What does Matthew 10:28 mean?
ESV: And do not fear those who kill the body but cannot kill the soul. Rather fear him who can destroy both soul and body in hell.
NIV: Do not be afraid of those who kill the body but cannot kill the soul. Rather, be afraid of the One who can destroy both soul and body in hell.
NASB: And do not be afraid of those who kill the body but are unable to kill the soul; but rather fear Him who is able to destroy both soul and body in hell.
CSB: Don't fear those who kill the body but are not able to kill the soul; rather, fear him who is able to destroy both soul and body in hell.
NLT: Don’t be afraid of those who want to kill your body; they cannot touch your soul. Fear only God, who can destroy both soul and body in hell.
KJV: And fear not them which kill the body, but are not able to kill the soul: but rather fear him which is able to destroy both soul and body in hell.
The apostles have been given direct warning from Jesus about the persecution and hatred they will face. That hatred will come as they proclaim the truth about Christ. Those who represent Him will receive persecution from Jewish religious leaders and Gentile authorities, as well (Matthew 10:22–27).
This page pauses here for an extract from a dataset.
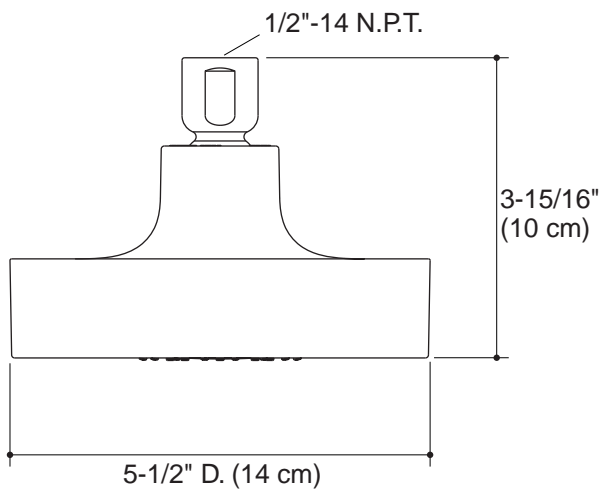

TABORET®

Installation Notes

Install this product according to the installation guide.

K-965

Again, now, He urges His disciples not to respond to this persecution with misplaced fear. More specifically, he tells them to respond with proper fear. He tells them not to waste their concern on those in authority who can only kill their bodies but cannot kill their souls. Instead, they should reserve their fear for the one can kill both body and soul in hell.
Jesus is describing what the Old Testament often calls the "fear of the Lord." This is not intended to be abject terror, or panic. Rather, this is the healthy kind of "fear" for which a solider has for his weapon, or a cook has for the fire on a stove. Godly fear involves great and profound respect—and, at the same time, it does demand we acknowledge that God can utterly destroy those who are against Him. This is a right and proper fear.
Here, Jesus insists that death should not be avoided at all costs. The death of the body is not the ultimate loss. The death of body and soul together in hell is the ultimate loss. The message His apostles preach of salvation through faith in Jesus will bring the promise of eternal life in body and soul to many people, as well as to themselves.
In the following verses, Jesus balances this proper fear with the truth that this same God also cares deeply for His own people.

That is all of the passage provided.